Records from a collection
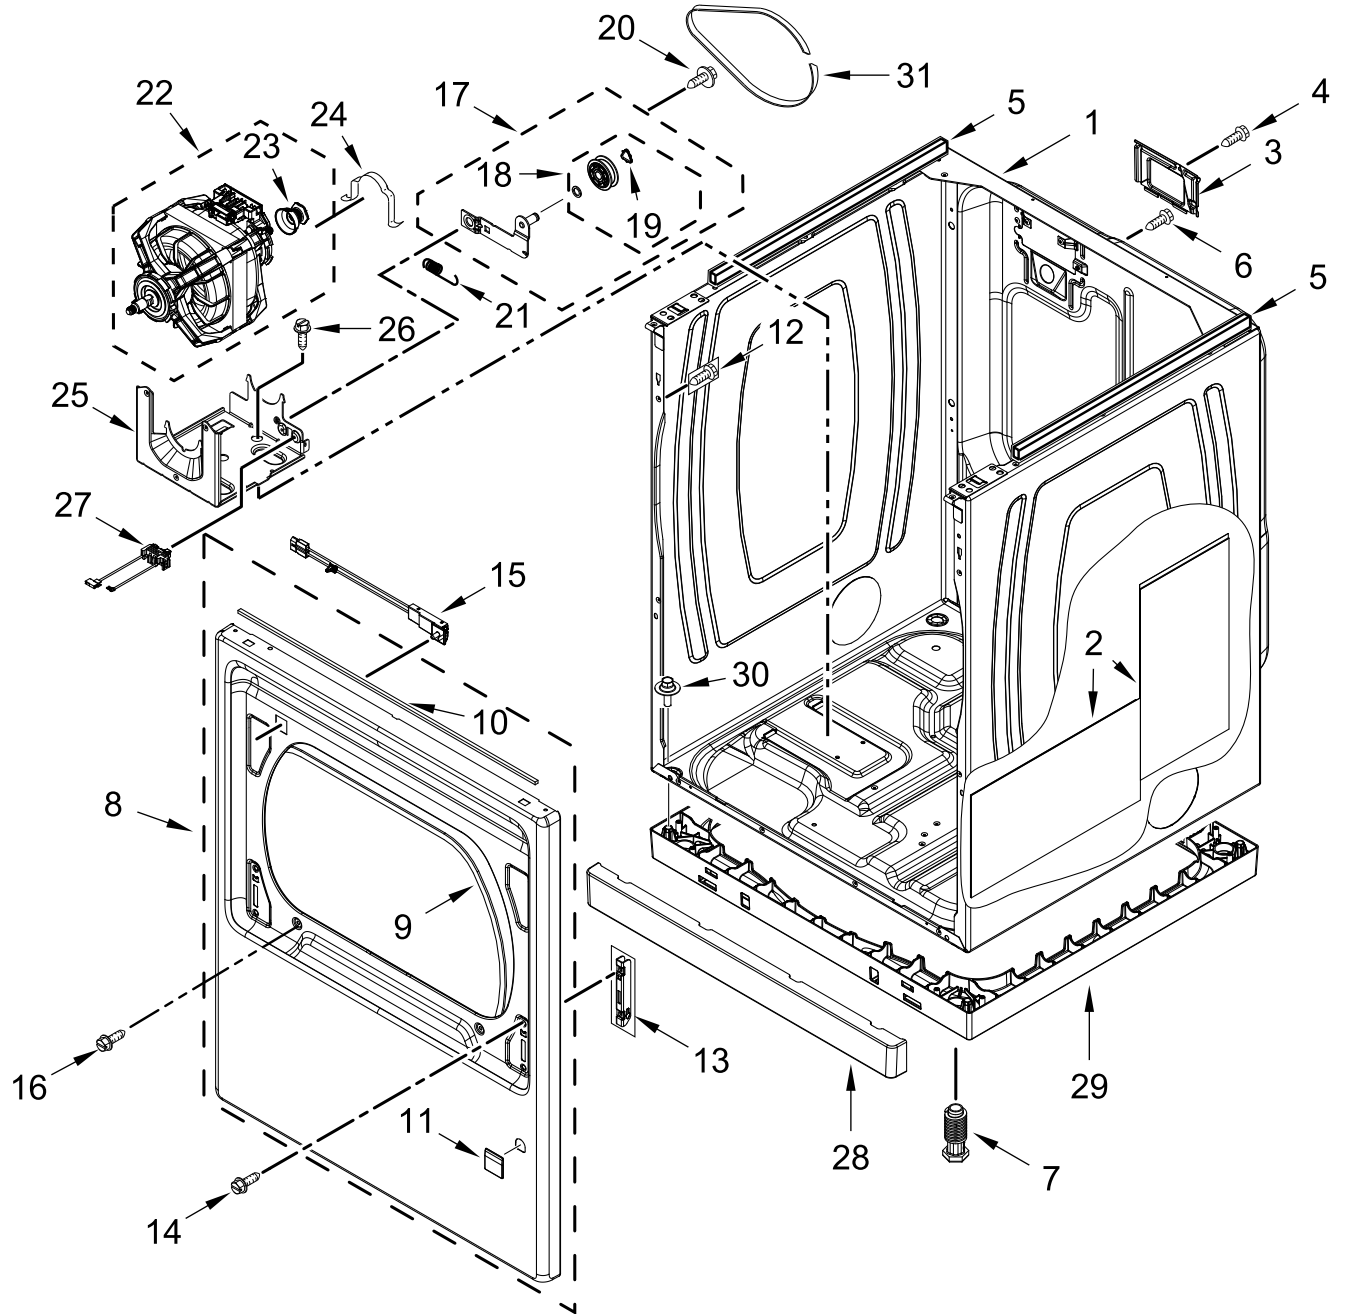

CABINET PARTS

CABINET PARTS

<u>Illus. No.</u>	<u>Part No.</u>	<u>Description</u>	<u>Illus. No.</u>	<u>Part No.</u>	<u>Description</u>	<u>Illus. No.</u>	<u>Part No.</u>	<u>Description</u>
1		Cabinet	11		Plug, Front Panel	22	W10396028	Assembly, Motor
	W11161907	White		8564457	White	23	W10460106	Pulley, Motor
	W11174572	Chrome Shadow		W11305280	Chrome Shadow	24	W10121316	Clamp, Motor Mount
2	W11313127	Panel, Dampening	12	8281212	Screw	25	W10242878	Bracket, Motor Mounting
3	W11394868	Cover, Terminal Block	13	W11116026	Hinge, Inner Door (Receptacle)	26	343641	Screw
4	3390631	Screw	14	W10704731	Screw	27	W10724631	Switch, Broken Belt
5	W11241070	Seal, Foam	15	W11307535	Assembly, Door Switch	28		Riser, Skirt
6	W10773242	Screw	16	3357011	Screw		W11186879	White
7	W11323320	Foot, Dryer	17	W10547287	Assembly, Idler		W11227434	Chrome Shadow
8		Panel, Front	18	W10468057	Assembly, Pulley	29		Riser, Washer
	W11122123	White	19	W10512946	Washer, Tri Ring		W11165114	Chrome Shadow
	W11176922	Chrome Shadow	20	3389420	Screw	30	W11182898	Screw w/Washer
9	3387242	Seal, Front Panel	21	W10446781	Spring, Idler	31	3387610	Belt, Drive
10	W11261179	Seal, Foam

Task to complete =>
Pick out the lines above that hold the string "Washer" and show them.

Reply to the task =>
8		Panel, Front	18	W10468057	Assembly, Pulley	29		Riser, Washer
	W11122123	White	19	W10512946	Washer, Tri Ring		W11165114	Chrome Shadow
	W11176922	Chrome Shadow	20	3389420	Screw	30	W11182898	Screw w/Washer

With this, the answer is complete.